|
MUCRU, in collaboration with Dave Johnston (Duke University Marine Lab, North Carolina) and David Lusseau (University of Aberdeen, Scotland) aims to collect baseline data on the local abundance, distribution and behaviour of spinner dolphins (Stenella longirostris) using a suite of modern visual and acoustic techniques in two resting bays (to be determined) in Hawaii. These data will then be used to investigate the effects of human interactions on the spinner dolphins and assess the effectiveness of time area closures as a mitigation approach.

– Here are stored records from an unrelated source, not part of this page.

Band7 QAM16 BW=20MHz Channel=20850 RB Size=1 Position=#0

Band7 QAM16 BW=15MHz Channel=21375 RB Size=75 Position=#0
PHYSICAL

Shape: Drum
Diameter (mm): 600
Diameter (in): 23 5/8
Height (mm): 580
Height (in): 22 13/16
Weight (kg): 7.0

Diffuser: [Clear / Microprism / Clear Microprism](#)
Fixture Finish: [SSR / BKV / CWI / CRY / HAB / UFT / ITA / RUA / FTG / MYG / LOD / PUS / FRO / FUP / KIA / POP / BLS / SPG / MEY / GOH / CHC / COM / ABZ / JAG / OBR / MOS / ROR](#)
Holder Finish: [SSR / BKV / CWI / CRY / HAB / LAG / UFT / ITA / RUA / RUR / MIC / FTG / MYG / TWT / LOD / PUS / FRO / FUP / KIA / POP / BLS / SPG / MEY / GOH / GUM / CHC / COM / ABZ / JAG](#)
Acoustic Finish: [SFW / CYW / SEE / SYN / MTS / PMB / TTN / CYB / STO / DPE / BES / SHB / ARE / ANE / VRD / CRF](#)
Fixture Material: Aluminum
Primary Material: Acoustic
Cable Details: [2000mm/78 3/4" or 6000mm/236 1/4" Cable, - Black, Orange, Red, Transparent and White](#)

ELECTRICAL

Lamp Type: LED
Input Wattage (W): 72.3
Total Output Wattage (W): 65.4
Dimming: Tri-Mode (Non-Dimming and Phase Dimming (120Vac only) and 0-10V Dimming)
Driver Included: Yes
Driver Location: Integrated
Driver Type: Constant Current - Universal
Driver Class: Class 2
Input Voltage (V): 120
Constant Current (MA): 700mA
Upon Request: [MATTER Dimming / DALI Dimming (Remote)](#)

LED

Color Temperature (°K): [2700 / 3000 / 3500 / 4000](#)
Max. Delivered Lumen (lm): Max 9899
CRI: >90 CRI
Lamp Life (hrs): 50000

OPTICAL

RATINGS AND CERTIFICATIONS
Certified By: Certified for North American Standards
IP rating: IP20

Hawaiian spinner dolphins feed on fish, shrimp, and squid that, during the day, remain deep in the ocean but migrate to the surface (upper 200 m) at night. Spinner dolphins hunt cooperatively offshore at night as the deep scattering layer migrates into shallow waters . During the day, spinner dolphins move into shallow coastal waters to rest and socialise. The areas that are used most frequently are wind protected bays, typically < 50 m in depth, and have sandy bottoms (presumably to aid in the detection of predators). As the dolphins begin to rest, aerial behaviours (spins and leaps) subside considerably, the school tightens, the dolphins move slowly back and forth, and they spend most of their time below the surface.

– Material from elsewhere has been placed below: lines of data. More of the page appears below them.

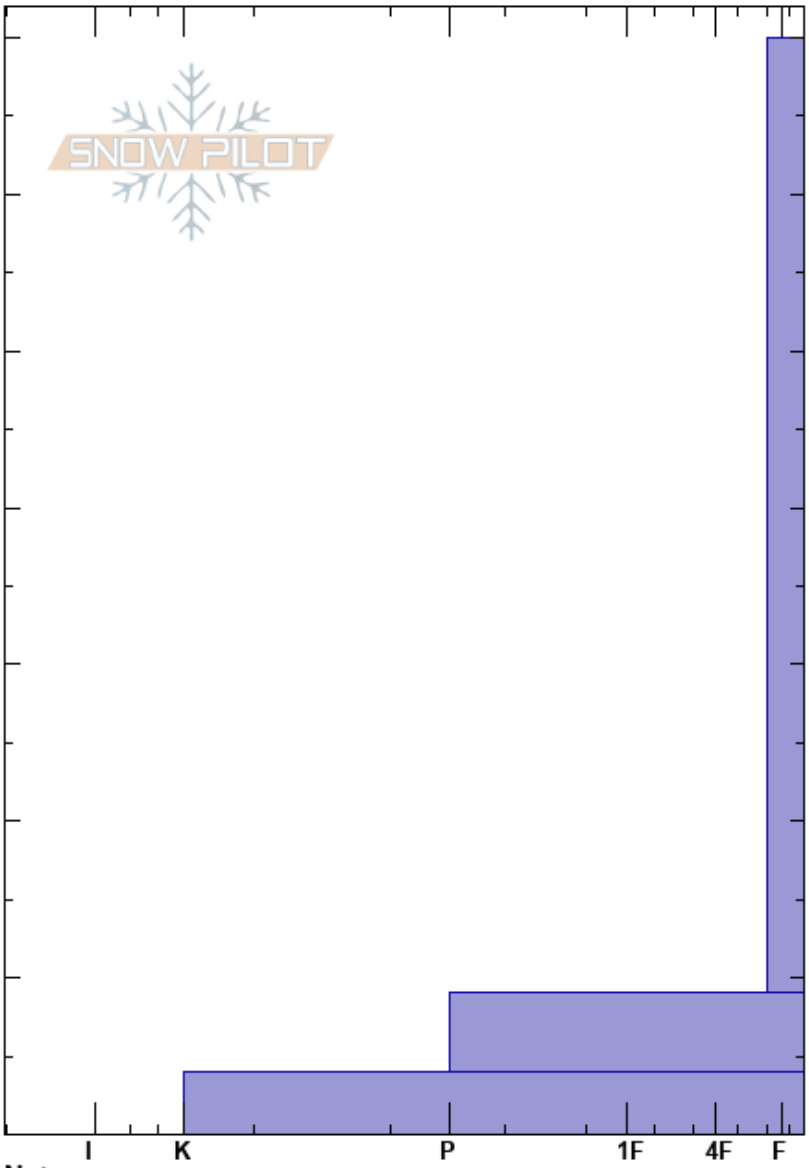

Bridger Bowl  
 Bridger Range  
 MT  
**Elevation:** 8440 ft  
**Aspect:** E  
**Specifics:** Pit dug in a Ski Area; Cracking

Jeff Dobronyi  
 11/16/2017 - 11:00am  
**Co-ord:** 45.81787N, -110.92927W  
**Slope Angle:** 25°  
**Wind Loading:** yes

**Stability:**  
**Air Temperature:**  
**Sky Cover:** BKN  
**Precipitation:** NO  
**Wind:** W Moderate

HS:70

Layer Notes:

Crystal Form	Crystal Size	Moisture	$\rho$ kg/m <sup>3</sup>	Stability tests & Layer comments
/				
•				
○		M		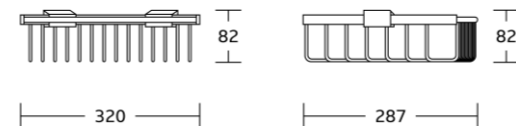

Corner Basket

WT-1813
Single Corner Basket
Material: Brass
Size: 320x180x215mm

WT-1813D
Double Corner Basket
Material: Brass
Size: 310x432x215mm

WT-1826
Single Corner Basket
Material: Brass
Size: 300x25x140mm

WT-1826D
Double Corner Basket
Material: Brass
Size: 300x390x140mm

Corner Basket

WT-1827
Single Corner Basket
Material: Brass
Size: 300x25x193mm

WT-1827D
Double Corner Basket
Material: Brass
Size: 300x415x193mm

WT-1904
Single Corner Basket
Material: Brass
Size: 260x75x225mm

WT-1909
Single Corner Basket
Material: Brass
Size: 320x82x287mm

Emergent research is showing that cetacean-based tourism (boat-based and swim-with) can cause biologically significant impacts on targeted dolphin communities. In Hawaii, the dolphin-based tourism industry has grown rapidly in the past two decades. Limited quantitative data are currently available to assess potentially biological significant impacts of tourism activities on targeted animals. Hawaiian spinner dolphins have predictable daily movement patterns, foraging offshore at night and returning to inshore sheltered bays to rest during daytime. This set movement pattern may render them particularly vulnerable to disturbance because of their reliance on a limited area of sheltered waters to rest, socialise and avoid predators. Considering the non-sustainable impacts of tourism on dolphins documented in locations of substantially less tourism pressure, similar impacts are likely to be occurring in Hawaii. Specific concerns in regards to human-spinner dolphin interactions include:
- changes to dolphin behavioural budgets
- energetic deficits
- reduced vigilance for predators
- truncated rest periods
- alteration of social interactions with conspecifics
- inadequate recovery from day-time disturbances with a reduction in nocturnal foraging efficiency and displacement of dolphins from prime habitat to less optimal habitat with an increase in predation risk
Elsewhere, these effects have lead to long-term consequences for the viability and fitness of individual dolphins and their populations.